The Regulatory Advantage
Critics say Canada’s proposed AI legislation (AIDA) is too restrictive and will stifle innovation. This is another lazy take.
In a world where trust in AI is cratering due to deepfakes and "hallucinations," being the jurisdiction with the most reliable, ethically grounded AI could be a massive competitive advantage. Not because we are "nicer," but because it’s better for business.
Global enterprises are terrified of the legal liability associated with black-box AI. If Canada can provide a framework where "Certified Canadian AI" means a model is audited, transparent, and legally compliant, we become the preferred partner for the world’s most risk-averse (and deepest-pocketed) industries.

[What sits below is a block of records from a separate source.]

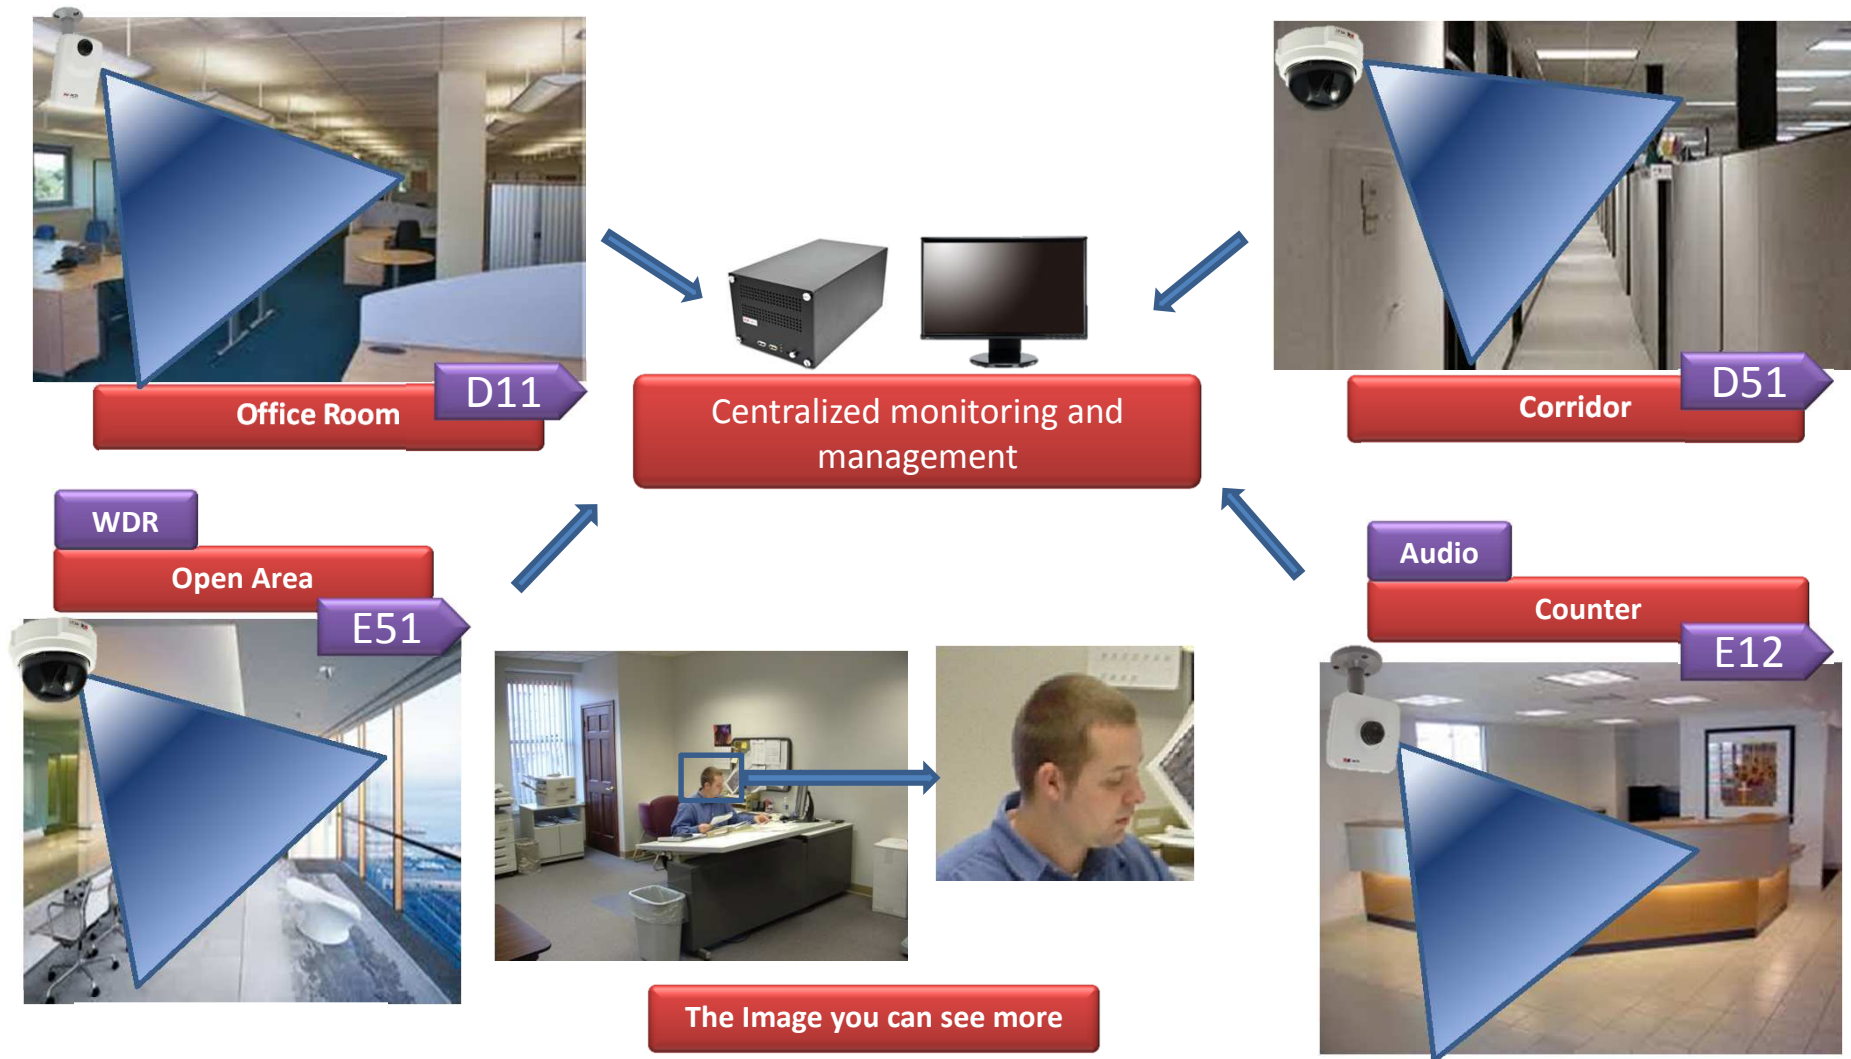

ACTi
Connecting Vision

Design to
Enter HD full frame quality

@ 30 fps

ACTi
Connecting Vision

ENR

SIMPLE

123

ACTi
Connecting Vision

STEP 1

PREPARE

ACTi
Connecting Vision

STEP 2 PLUG & PLAY

1 minute
installation

Application: Office

ACTi
Connecting Vision

Application: Retail

It’s not about being a "referee" in the race; it’s about building the track that everyone else feels safe running on.
The Brutal Reality
If Canada continues to listen to the "experts" who want us to build a domestic version of the Silicon Valley ecosystem, we will fail. We don't have the scale, we don't have the capital, and we don't have the risk appetite.
We need to stop acting like a frustrated athlete sitting on the bench, complaining that the coach won't let us play quarterback. We aren't the quarterback. We are the engineers who designed the helmet.
Accepting that isn't a defeat. It’s a strategy.
The real threat to Canada isn't that we are "behind" in AI. It’s that we are so obsessed with the "race" that we are ignoring the gold mine right under our feet.
Stop trying to win the locker room. Go out and buy the stadium.